[Stored data entries]

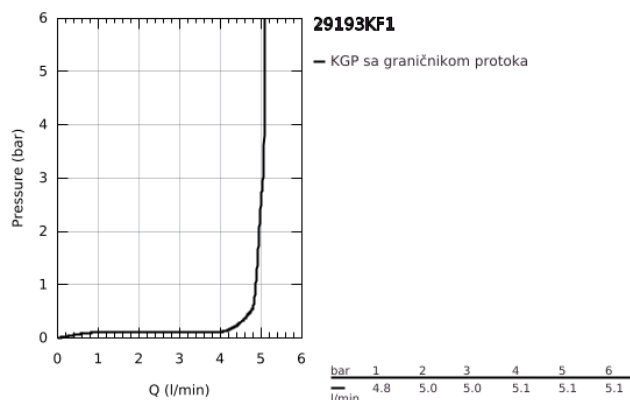

29 193 KF1 ESSENCE BATERIJA ZA UMIVAONIK, 2 OTVORA L-SIZE

PRODUCT DESCRIPTION

- Colour: phantom black
- zidna ugradnja
- set za završnu instalaciju za 23 571 000 / 32 635 000
- bez ugradnog tela
- metalna rozeta
- metalna ručica
- GROHE EcoJoy tehnologija za manju potrošnju vode i savršen protok
- maximum flow rate (at 3 bar): 5 l/min
- GROHE AquaGuide podesivi perlator
- rastojanje od centra 110 mm
- projekcije 230 mm
- professional edition
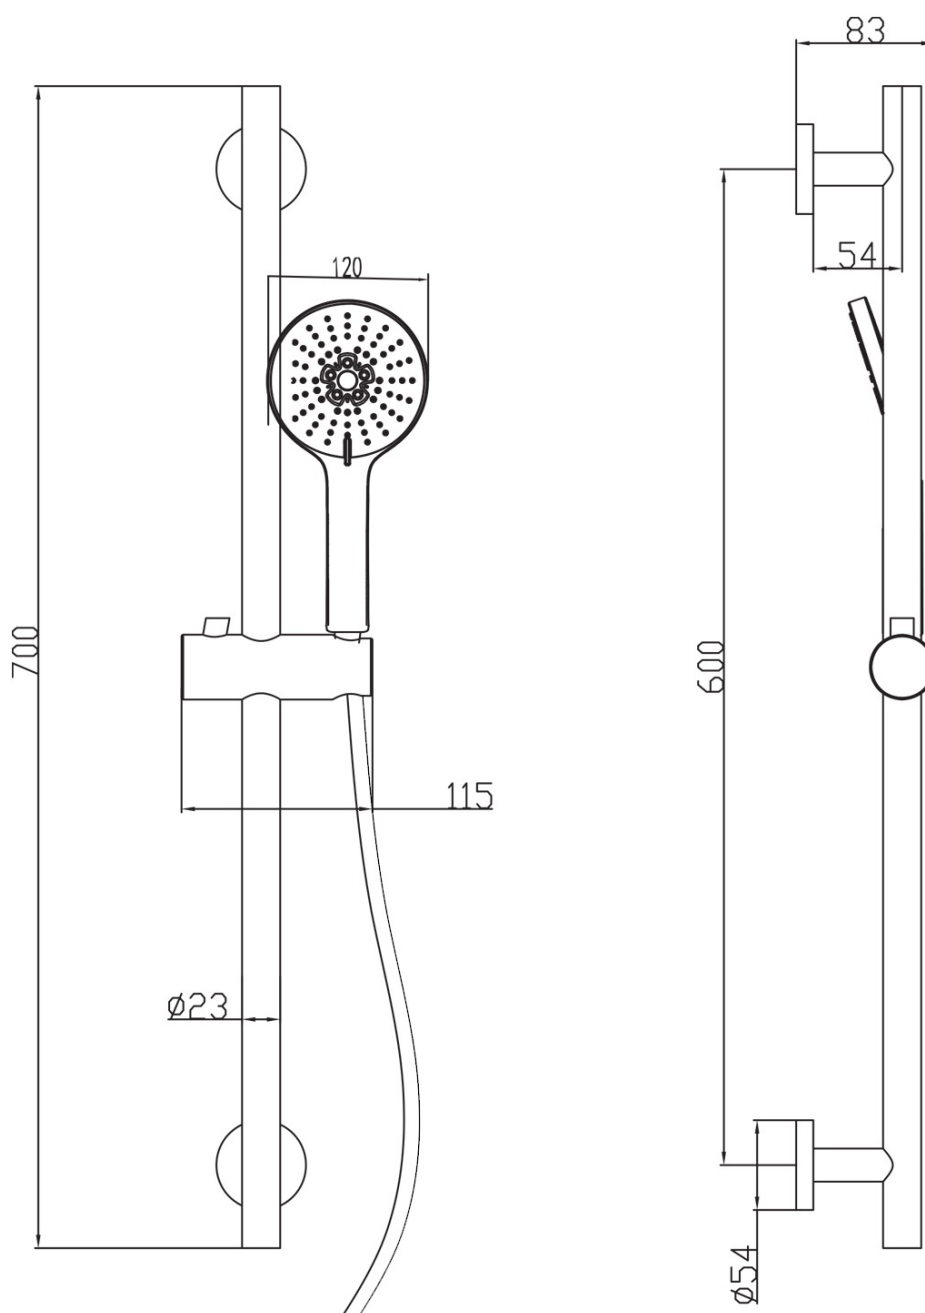

Materiał: Mosiądz

Kształt: Obłe

Instalacja: Podtynkowa

Rodzaj sterowania: Dźwignia

Rodzaj przełącznika: Obrotowy

Średnica głowicy: 35 mm

Funkcje prysznica: Deszcz

Wyposażenie: AntiCalc, 2 funkcyjna

Waga / szt.: 6.189 kg

Opakowanie: 5 szt.

Gwarancja: 2 lata

KAI zestaw prysznicowy podtynkowy z baterią podtynkową, obrotowy przełącznik, 2 wyjścia, czarny mat

 SAPHO

Karta techniczna

KAI zestaw prysznicowy podtynkowy z baterią podtynkową, obrotowy przełącznik, 2 wyjścia, czarny mat

 SAPHO

KAI zestaw prysznicowy podtynkowy z baterią podtynkową, obrotowy przełącznik, 2 wyjścia, czarny mat

KAI zestaw prysznicowy podtynkowy z baterią podtynkową, obrotowy przełącznik, 2 wyjścia, czarny mat
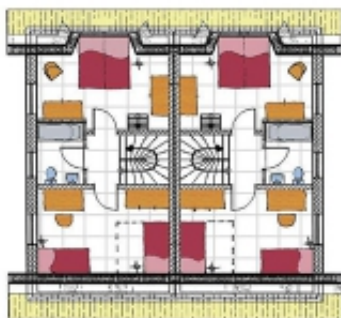

Haus „Rügen“ - Typ B

Eine Doppelhaushälfte mit 2 Schlafräumen plus 1 offenen Schlafgalerie bis 7 Personen (ca. 91m²).
Teilweise mit Sauna oder Whirlwanne ausgestattet sowie einem Strandkorb auf der Terrasse (saisonal).

Erdgeschoss: Wohnschlafraum mit Couch, Kaminofen, Sat-TV, Radio mit CD-Player, Essplatz, offene Küche, Diele, Bad und Abstellraum
Obergeschoss: 2 Schlafräume mit Doppelbett, 1 Zimmer mit 2 Einzelbetten, Bad und Abstellraum
Dachgeschoss: 1 Schlafgalerie mit Doppelbett, Treppe in das Dachgeschoss vom Doppelbettzimmer aus

Erdgeschoss

Obergeschoss

Schlafgalerie

◆ **Assignment**
If a line in the records holds the word "Erdgeschoss", count it, then give only the total.

◆ **Exercise response**
2